The novel takes place in the middle of the 19th century. 20-year-old nobleman Alexander Aduev lives with his mother Anna Pavlovna on an estate in the Russian hinterland. A quiet life in the village seems boring to Alexander, and he decides to go to St. Petersburg to make a career and achieve fame. Most of all, he dreams of becoming a famous writer.

In the village, Alexander remains with his beloved Sophia, with whom he has a quiet, calm relationship. However, the young man hopes to meet a more passionate love that will turn his life around. Arriving in St. Petersburg, Alexander settles not far from his uncle Pyotr Ivanovich Aduev. The nephew and uncle turn out to be very different people.

Alexander is a sensitive, dreamy, enthusiastic, open and affectionate young man. Pyotr Ivanovich is a cold, reserved, reasonable man. The uncle advises Alexander to fight his daydreaming and enthusiasm, criticizes his poetry. Pyotr Ivanovich arranges for the young man to serve as a minor official, and also finds him a part-time job in a magazine about agriculture. Ardent, dreamy Alexander understands that life in the capital is much more prosaic than he expected.

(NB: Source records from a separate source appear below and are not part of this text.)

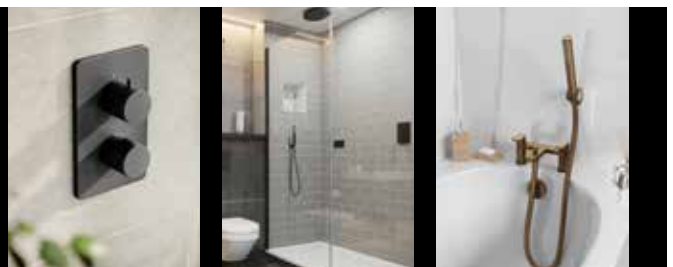

Complete Set - 3 Handles

3 Outlet – up to 2 outlets can be controlled simultaneously

3 OUTLET EZ₃ THERMOSTATIC CONCEALED SHOWER VALVE AND 3 HANDLE FINISHING SET

TSEZ-93-0763

£825.00

min
1
bar

Optional Metal Fixing Plate
(Not suitable for the EZ₃ box)

EPFP-05-3005
£39.00

Watch the EZ box video

Shop the range

For individual EZ Box components
and the full colour range see pages 190-193
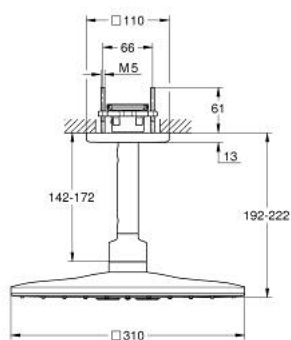

26 481 DA0 RAINSHOWER SMARTACTIVE 310 CUBE HEAD SHOWER SET CEILING 142 MM, 2 SPRAYS

PRODUCT DESCRIPTION

- Tyc: warm sunset
- consisting of:
 - head shower Rainshower SmartActive 310 Cube
 - spray patterns: GROHE PureRain, ActiveRain
 - 142 mm ceiling shower arm
- GROHE DreamSpray - perfect spray pattern
- GROHE LongLife finish
- GROHE SpeedClean - effortless limescale removal
- Inner WaterGuide - inner insulation for surface protection
- requires rough-in set 26 483 or 26 484 - to be ordered separately

2 years pass. Alexander's life in St. Petersburg is getting better. 23-year-old Alexander falls in love with 18-year-old Nadenka Lyubetskaya. The young man abandons his work in the magazine, becomes absent-minded, etc. His uncle advises him not to marry for love. Ardent Alexander does not understand how this is possible. Meanwhile, Pyotr Ivanovich himself marries the young beauty Lizaveta Alexandrovna.

Pyotr Ivanovich despises love and is proud that his marriage is not so much for love as for calculation. Lizaveta Aleksandrovna becomes the best friend of her nephew Alexander and gives him affection and warmth, which the cold Pyotr Ivanovich is not capable of. Lizaveta herself wonders whether she is happy with her smart, rich, but cold husband. The love of Alexander and Nadya continues for more than a year.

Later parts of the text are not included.